* Required action: Go over these records and count the lines with the string "Wall" in them; the count is all that should be returned.

** Opening Input data block **

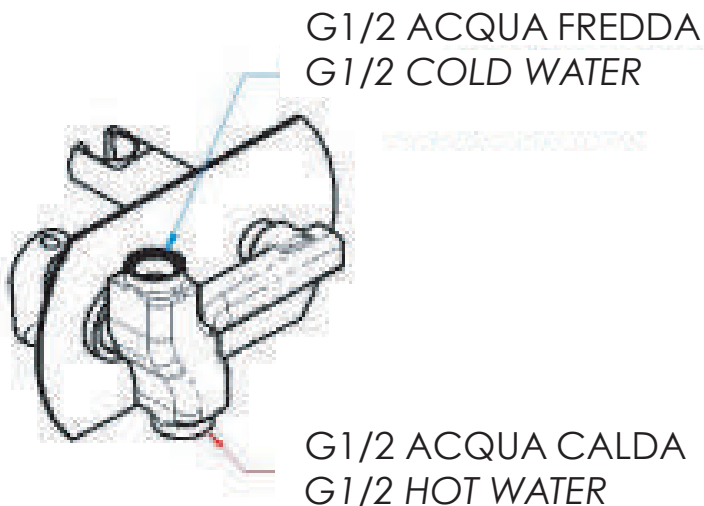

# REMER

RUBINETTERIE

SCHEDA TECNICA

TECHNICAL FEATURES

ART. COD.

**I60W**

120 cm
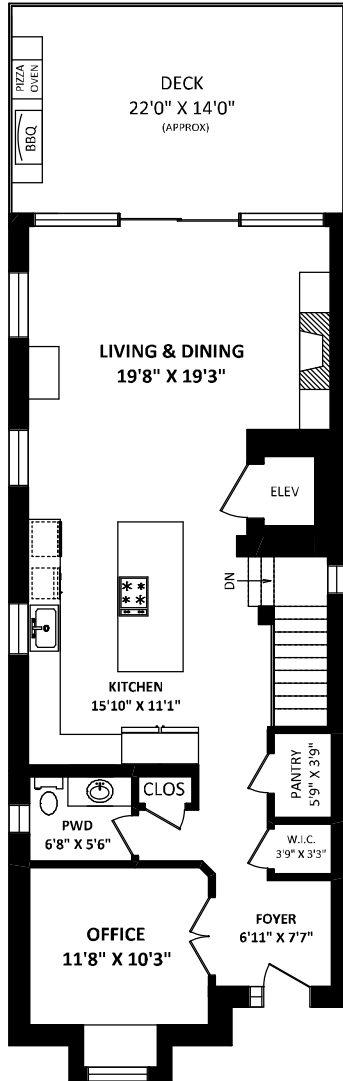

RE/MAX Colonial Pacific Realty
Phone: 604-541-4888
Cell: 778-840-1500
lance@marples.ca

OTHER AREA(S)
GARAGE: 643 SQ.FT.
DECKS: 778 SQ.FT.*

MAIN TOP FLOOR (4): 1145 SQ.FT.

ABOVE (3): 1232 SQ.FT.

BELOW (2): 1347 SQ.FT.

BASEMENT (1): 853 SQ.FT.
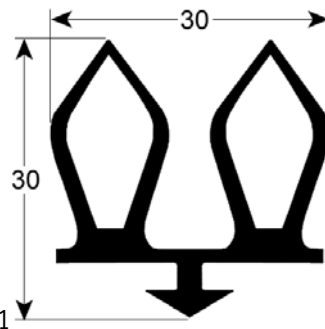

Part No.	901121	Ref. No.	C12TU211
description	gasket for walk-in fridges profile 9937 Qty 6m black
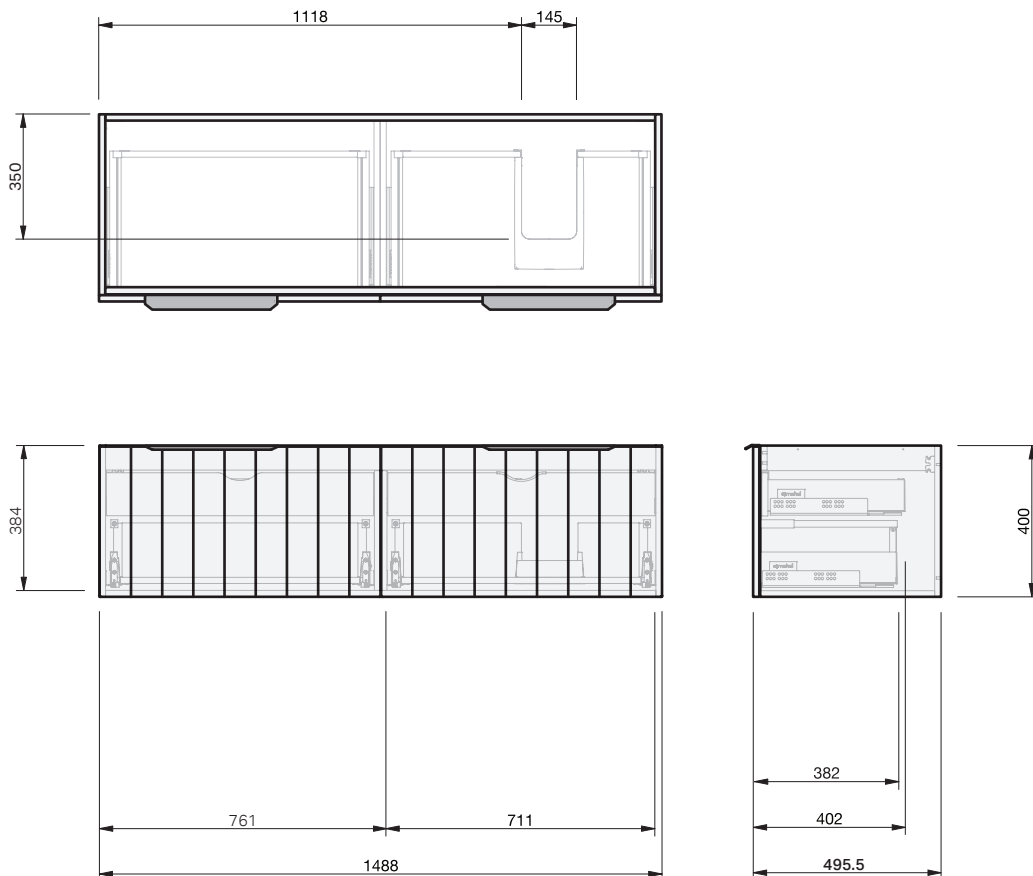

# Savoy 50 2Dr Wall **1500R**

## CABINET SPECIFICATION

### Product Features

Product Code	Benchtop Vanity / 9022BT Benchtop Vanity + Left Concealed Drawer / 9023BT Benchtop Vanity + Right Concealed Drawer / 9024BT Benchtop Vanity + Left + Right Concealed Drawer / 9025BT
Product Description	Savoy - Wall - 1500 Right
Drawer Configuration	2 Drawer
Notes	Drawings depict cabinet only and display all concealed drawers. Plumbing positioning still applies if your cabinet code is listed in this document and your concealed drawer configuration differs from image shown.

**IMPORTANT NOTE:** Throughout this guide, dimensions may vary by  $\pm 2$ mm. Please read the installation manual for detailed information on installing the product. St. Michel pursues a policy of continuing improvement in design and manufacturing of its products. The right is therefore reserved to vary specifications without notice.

** Closing Input data block **

* Result of this task: 2